81.  3) Post fixation
 A secondary fixation with osmium tetroxide (OsO4), which is to increase the
stability and contrast of fine structure. OsO4 binds phospholipid head regions,
which creating contrast with the neighbouring protoplasm (cytoplasm). OsO4 helps
in the stabilization of many proteins by transforming them into gels without
destroying the structural features. Tissue proteins, which are stabilized by OsO4
and does not coagulated by alcohols during dehydration

 4) Dehydration
 The water content in the tissue sample should be replaced with an organic solvent
since the epoxy resin used in infiltration and embedding step are not miscible with
water.

 5) Infiltration
 Epoxy resin is used to infiltrate the cells. It penetrates the cells and fills the space to
give hard plastic material which will tolerate the pressure of cutting.

 6) Embedding:
 After processing the next step is embedding.
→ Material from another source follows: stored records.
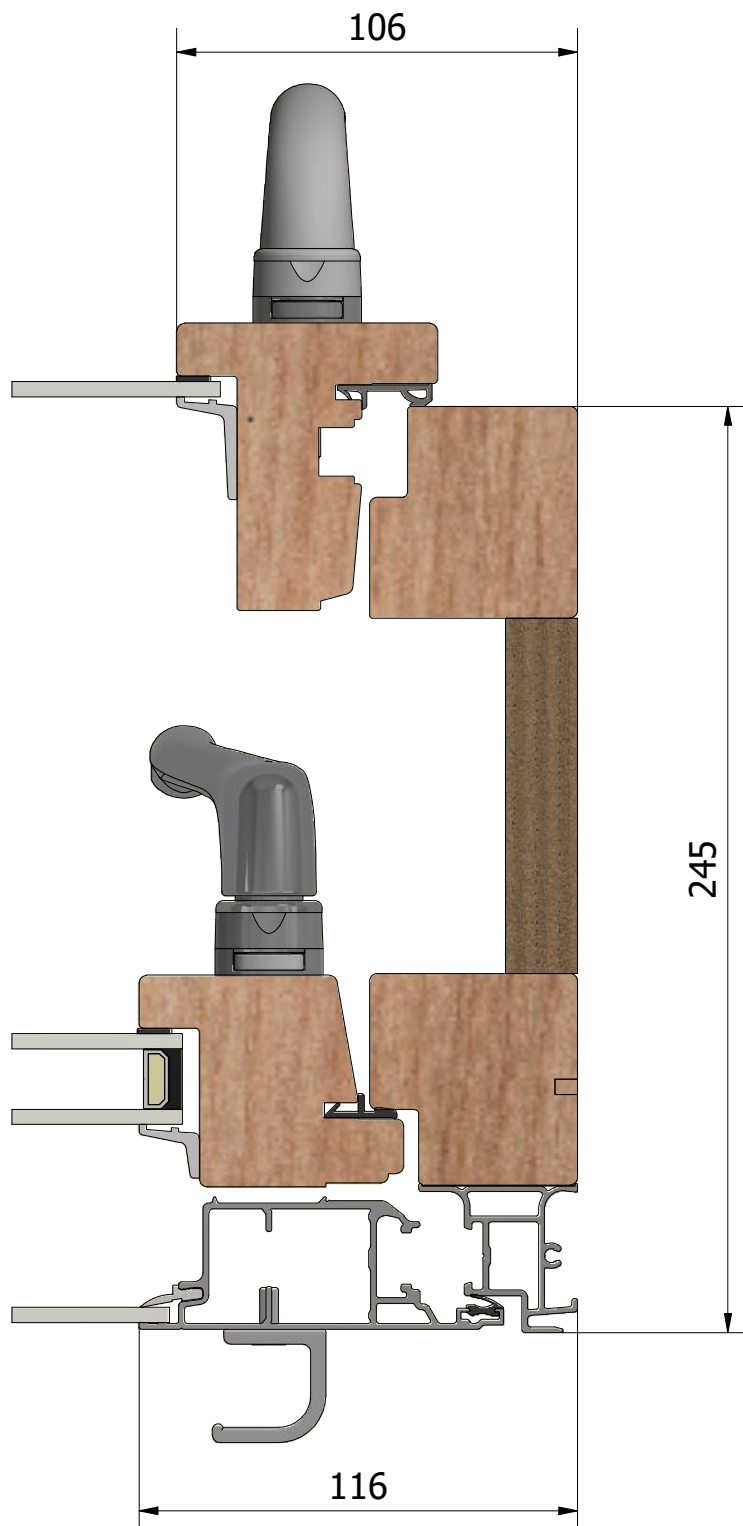

LEIAB Vyplacering 		Filnamn MP-LUD2454.2_211.dwg	Ritningsnr. MP-LUD2454.2_211
Ritn. storlek A4	Skala 1 : 1	Sida 1	Beskrivning Stil utåtgående fönsterdörr 2+1, dubbelkarm
Generell tolerans SS-ISO 2768-1, m		Produktnamn LUD2454.2	Skapad av ThomasN
Revisionsnr.	Revisionsbeskrivning		
(1 : 40)			

Yttre och inre karm monteras på plats med MDF.

(1 : 2)

Ritn. storlek
A4Skala
1 : 1Sida
2Beskrivning
Stil utåtgående fönsterdörr 2+1, dubbelkarmGenerell tolerans
SS-ISO 2768-1, mProduktnamn
LUD2454.2Skapad av
ThomasNSkapad datum
2021-05-03

Revisionsnr. Revisionsbeskrivning

(1 : 40)

(1 : 2)

(1 : 40)

(1 : 2)

(1 : 40)

(1 : 2)

This is done using flat molds.


82. 7) Polymerization

Next is polymerization step in which the resin is allowed to set overnight at
a temperature of 60 degree in an oven..

8) Sectioning
The specimen must be cut into very thin sections for electron microscopy so
that the electrons are semitransparent to electrons. These
sections are cut on an ultramicrotome which is a device with a glass or
diamond knife. For best resolution the sections must be 30 to 60 nm. The
resin block can be made ready for the sectioning by trimming it at the tip
with a razor blade or black trimmer so that the smallest cutting face is
available. Fix the block to a microtome and cut the sections. Sections float
onto a surface of liquid held in trough and remain together in a form of
ribbon. Freshly distilled water is generally used to fill the trough. These
sections are then collected onto a copper grid and viewed under the
microscope.


83.  Advantages
 TEMs find application in cancer research, virology, materials science as well
as pollution, nanotechnology, and semiconductor research.

 TEM is however a significant achievement of quantum mechanical
understanding of electron. It was a major step in magnification studies and
obtaining better resolution than optical microscopes and hence is a very
important building block in study of application of quantum mechanics.
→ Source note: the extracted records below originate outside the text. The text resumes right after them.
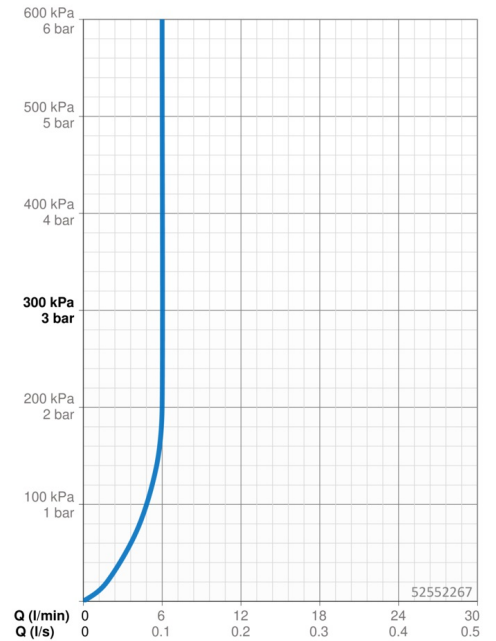

Technische gegevens

Doorstromingseigenschappen

Doorstroomhoeveelheid bij 3 bar (met debietregelaar) **6.0 l/min**

Technische eigenschappen

Warmwatertoevoer **max. +70°C**
Werkdruk **0.5-10 bar**
Aansluitmaat **G3/8**
Projection **152 mm**
Terugstroom beveiliging (EN1717) **AA**
Materiaal **brass**

Voorschriften

EN-norm **EN 817**
Geluidsklasse **I (ISO 3822)**

Toestemmingen en Verklaringen

Verklaring van overeenstemming **DoC**
EPD **S-P-06391**

Moreover it is very commonly used in studies of material structures and
properties and for other experimental purposes.

84.  Limitations
 There are a number of drawbacks to the TEM technique. Many materials require
extensive sample preparation to produce a sample thin enough to be electron
transparent, which makes TEM analysis a relatively time consuming process with a
low throughput of samples. The structure of the sample may also be changed during
the preparation process. Also the field of
 view is relatively small, raising the possibility that the region analysed may not be
characteristic of the whole sample. There is potential that the sample may be
damaged by the electron beam, particularly in the case of biological materials.